A recent study found that $16 billion was stolen from 15.4 million Americans in 2016 alone, via identity theft. The Federal Trade Commission lists identity theft as one of the top complaints it receives from consumers. Having your money stolen is just one of many adverse impacts such theft can have on your life. It can also result in bad credit and action from collection agencies, as well as making it difficult to apply for jobs and housing.
The good news is that your credit union or bank can help. Here are several ways your financial institution can protect you from identity theft and help you recover if it’s already occurred.
Monitoring Your Purchases
As soon as an identity thief gets hold of your information, they won’t waste any time draining your accounts and ruining your good name. Unfortunately, many people don’t even realize what’s happened until the damage is already done. Your credit union or bank can help by keeping an eye on your accounts and alerting you right away if something looks fishy with your transaction history.
Staying Ahead of the Curve
You should be able to trust that your financial institution is keeping up on the latest security advancements in the industry. When your credit union or bank is in the know about the tools and tactics criminals have at their disposal, they can take proactive steps on your behalf, such as ensuring secure online transactions and protecting ATMs.
Helping You Get Through
If you’re already the victim of identity theft, you are probably overwhelmed and unsure how to begin to deal with the issue. Your financial institution can help walk you through the process, from reporting the fraud to the government to creating a plan to help you repair your credit and reclaim your financial freedom.
Other Ways to Prevent Identity Theft
In addition to using a credit union or bank that actively provides security measures, you can take a number of steps in your daily life to reduce your chances of becoming a victim.
* Only make online purchases using trusted, secure websites.
* Don’t carry your Social Security card around, and elect not to have the number printed on your ID card.
* Put a hold on your mail when you go out of town.
* Always use a secure internet connection.

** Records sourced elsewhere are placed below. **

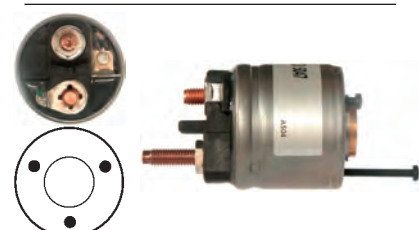

234389 Solenoid

Replacing: 594392
Servicing: D7RS131, D7RS31
12 V, B+ M8, Kl. 50 6.30,
ID/cover 24.40, OD 54.40, OD/cover 48.40,
Total length 90.90, Height/B+ 25.55,
Width/kl. 50 15.00, Coil bolt M8,
Coil bolt 2 9.30, No./terminals 3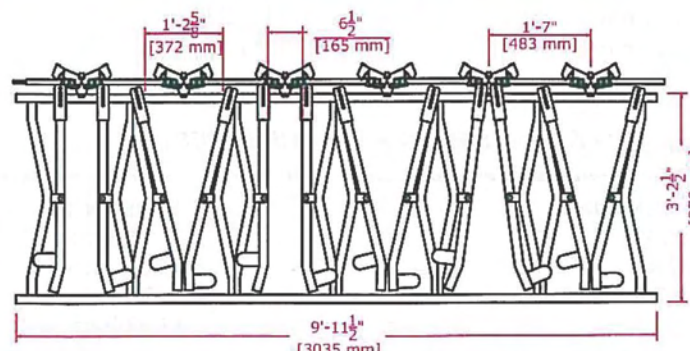

Recommended Curb Heights and Panel Sizing: A space of 3" / 76 mm is normally left between the bottom of the panel and top of curb.

Panel Size	Age Group	Curb Height (cow side)	Curb Height (feed side)
4/10'	Mature	16" / 406 mm	14" / 356 mm
4/9'	Mature	16" / 406 mm	14" / 356 mm
4/8'	Mature	16" / 406 mm	14" / 356 mm
5/10'	Mature	16" / 406 mm	14" / 356 mm
6/12'	Mature	16" / 406 mm	14" / 356 mm
S 6/10'	12-20 mo.	16" / 406 mm	14" / 356 mm
M 6/10'	9-14 mo.	14" / 356 mm	11" / 279 mm
7/10'	5-10 mo.	14" / 356 mm	11" / 279 mm
8/10'	0-5 mo.	12" / 305 mm	9" / 229 mm

M.5/10' SLAC - 200 lbs [91 kg] / panel
(mature Jersey)

4/9' SLAC - 184 lbs [84 kg] / panel
(mature Holstein)

M.6/10' SLAC - 228 lbs [104 kg] / panel
(9-14 months) - Holstein
(12-22 months) - Jersey

4/8' SLAC - 169 lbs [77 kg] / panel
5/10' SLAC - 211 lbs [96 kg] / panel
6/12' SLAC - 254 lbs [116 kg] / panel
(mature Holstein)

7/10' SLAC - 222 lbs [101 kg] / panel
(5-10 months) - Holstein
(6-12 months) - Jersey

S.6/10' SLAC - 240 lbs [110 kg] / panel
(12-20 months) - Holstein

8/10' SLAC - 220 lbs [100 kg] / panel
(0-5 months) - Holstein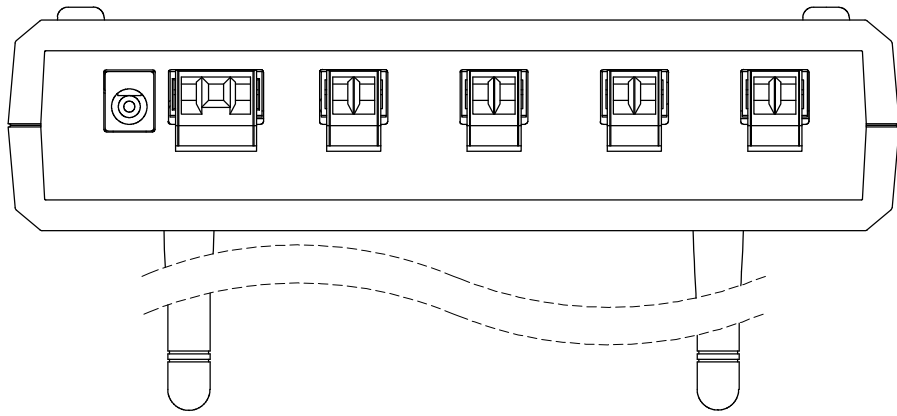

1

2

3

4

A

A

B

B

C

C

D

D

E

E

F

(12)

80.5

(32)

100

39

165

約42
(Approx. 42)

HUMANDATA®		SCALE -	UNIT mm	MATERIAL
CHK	DWG	TITLE LNx-211V-W24 Outline Drawing		
		DRAWING NO LNx211V-W24R1-DWG-A		REV A

1

2

3

A4 SHEET 1 OF 2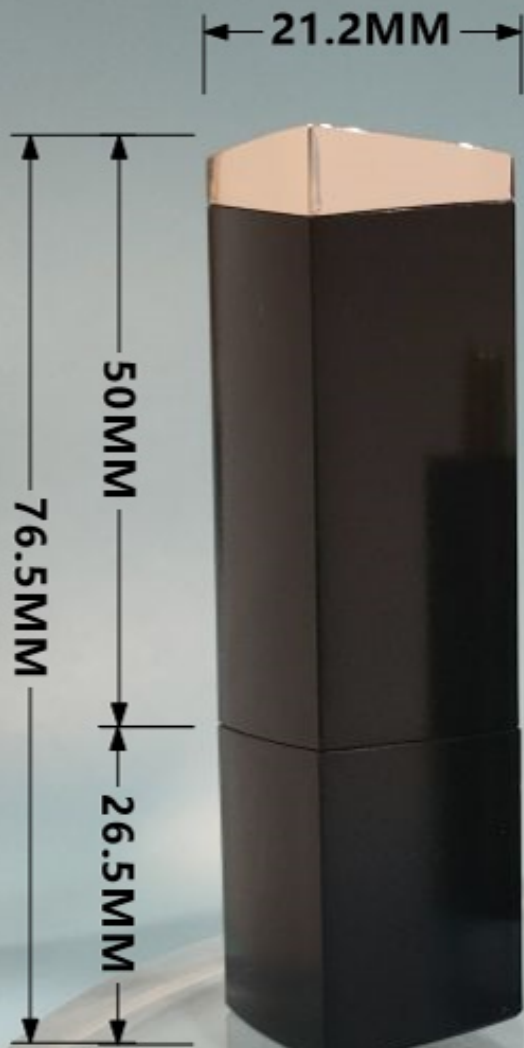

SIZE

capacity: 3.8g

NO.JT3001

SIZE

capacity: 3g

NO.LS1404

SIZE

capacity: 3g

NO.LS1406

SIZE

capacity: 3g

NO.LS1408

SIZE

capacity: 3g

NO.LS1409

SIZE

|13.8MM|

NO.LS8407

SIZE

NO.LS8408

size

NO.LS8410

23.6MM

68.6MM
40MM
28.6MM

NO.LS8412

SIZE

NO.LS8413

SIZE

106MM

53MM

53MM

24.3MM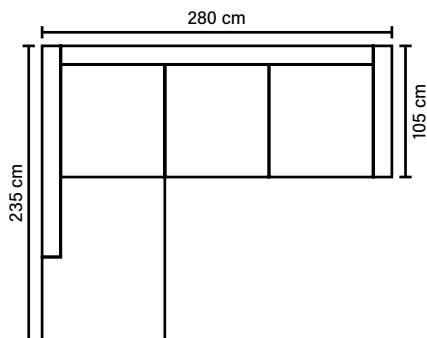

## COMBINATIONS

Choose from available sofa models.  
All measurements are approximate.

**OPEN END (Left/Right)**

**OPEN END SMALL (Left/Right)**

www.bellus.com

## DECO PILLOWS

One 40x40 cm deco pillow per armrest or corner

## LEG OPTIONS

**Standard leg: 15**  
metal  
height 17 cm

**Optional leg: 14**  
wooden  
height 16 cm

Available in fabrics & leathers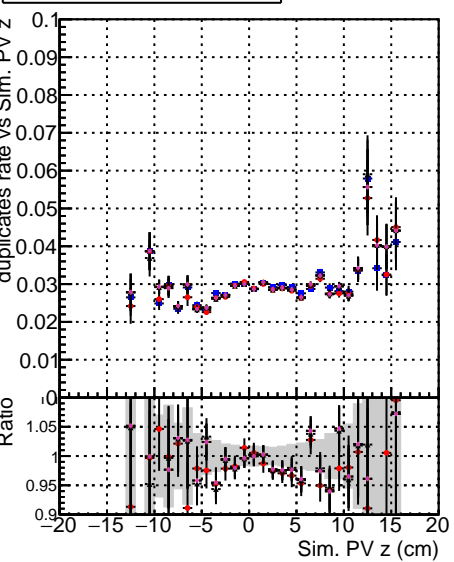

Fake rate vs vertpos**Duplicates Rate vs vertpos****Pileup rate vs vertpos**

Fake rate vs v DOM mkFit Toriginal 106 ALLITERS 106 NEWHSMS 506 ALLITERS 966

**Fake rate vs. sim PV z****Duplicates Rate vs sim PV z****Pileup rate vs. sim PV z**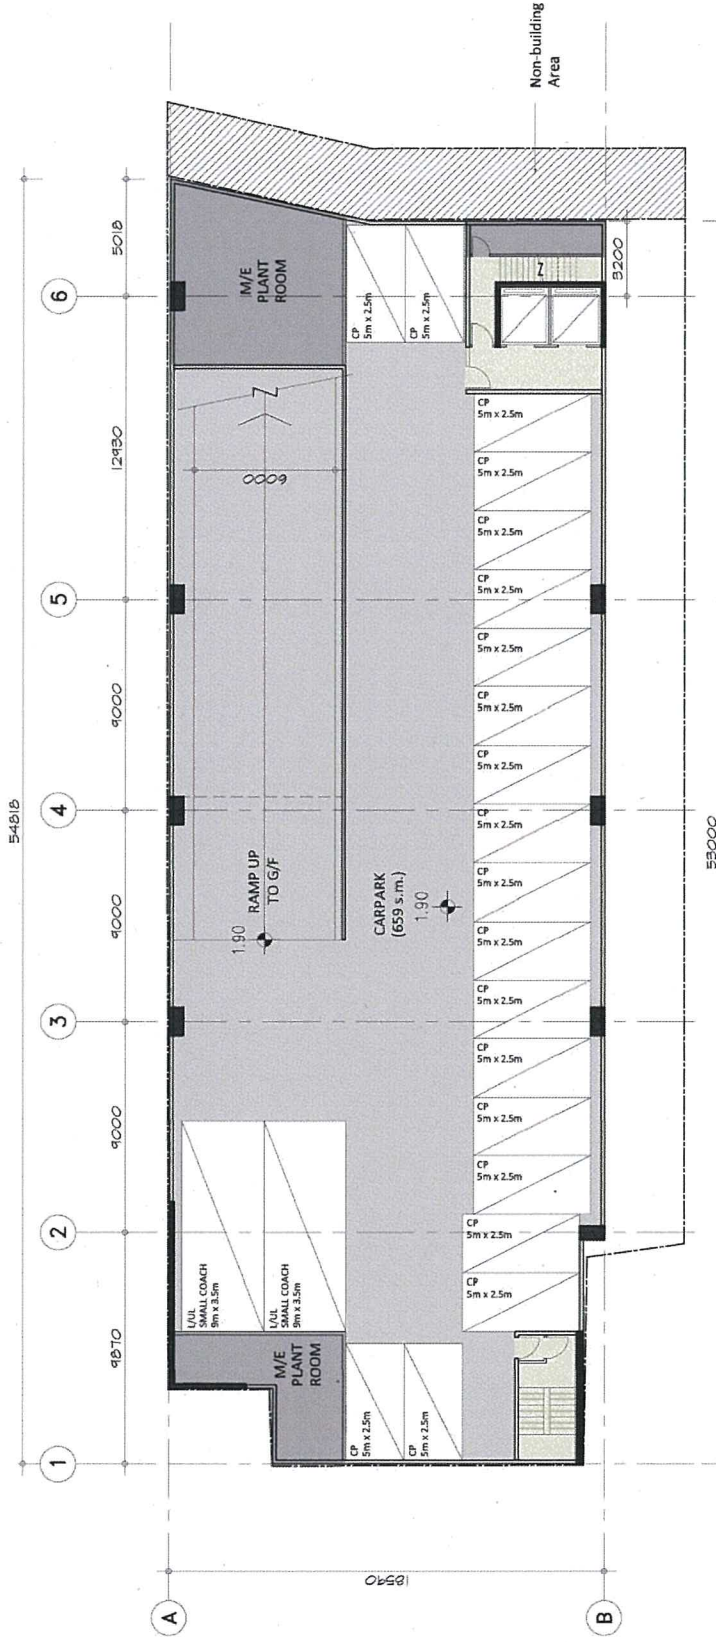

(資料來源：由申請人提供)
(Source : submitted by the Applicant)

Location Plan Scale 1:600

Schematic Section A-A
Scale 1:500

Schematic Section B-B
Scale 1:500

Redevelopment of Ward Memorial Methodist Church (WMMC) & Yang Memorial Social Service Centre (YMSSC)

54 Waterloo Road, KILL 9093

No. of Carpark = 20 nos.
 No. of Loading/ Unloading = 2 nos.
 for Small Coach (3.5m x 9m)

B1/F

Redevelopment of Ward Memorial Methodist Church (WMMC) & Yang Memorial Social Service Centre (YMSSC)

* Change online passwords regularly, and be sure to use a combination of letters, numbers and characters that would be difficult for someone to guess. * Do not respond to unsolicited requests for your personal information, whether it’s from someone online or at your doorstep.
Identity theft is a serious problem, but we can all fight back by being careful with our personal information and by making smart choices when it comes to handling our money.